This book is a comprehensive guide to the key steps required to strategically approach becoming a successful sustainable business including conducting a CSR assessment, developing a CSR strategy and the accompanying business case, developing and implementing CSR commitments, and measuring the performance and effectiveness of the planning initiative.

Although corporate social responsibility (CSR) has been adopted by many companies, few of them are practicing it with any formal strategy, and the common situation seems to be a portfolio of disparate CSR programs and initiatives, some of which the support core strategy and others of which appear adjacent and discretionary. The diversity of potential CSR initiatives is one issue; however, developing a strategic orientation is complicated by the fact that each company has its own unique set of drivers and motivations for CSR and ideas and responsibilities for those initiatives come from all parts and levels of the organization.

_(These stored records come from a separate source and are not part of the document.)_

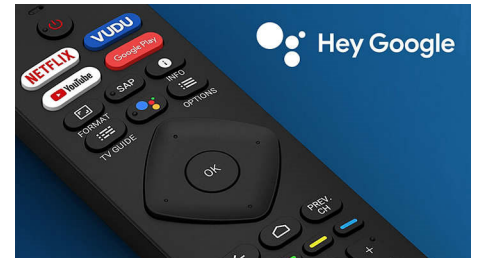

Google Assistant

Press the Google Assistant button on your remote to do more on your TV with your voice. Ask Google to search.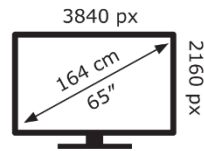

100 kWh/1000h

ABCDEF**G**
HDR
225 kWh/1000h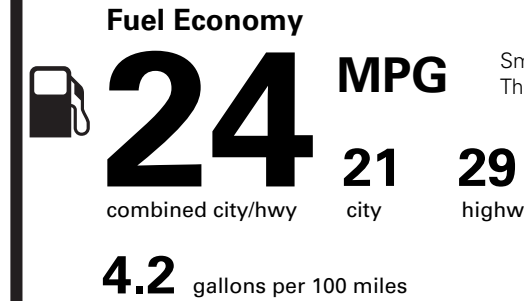

EPA DOT Fuel Economy and Environment

Gasoline Vehicle

Small SUVs range from 14 to 123 MPG. The best vehicle rates 140 MPGe.

You spend **$1,500** more in fuel costs over 5 years compared to the average new vehicle.

Annual fuel cost **$2,250**

Strategic planning for sustainability is far from easy or precise, if only because it requires that simultaneous consideration be given not only to economic performance and development but also to environmental protection and the social wellbeing of employees and other persons and groups outside of the organization. This book is intended as a comprehensive guide to the key steps required to strategically approach becoming a successful sustainable business including conducting a CSR assessment, developing a CSR strategy and the accompanying business case, developing and implementing CSR commitments, and measuring the performance and effectiveness of the planning initiative.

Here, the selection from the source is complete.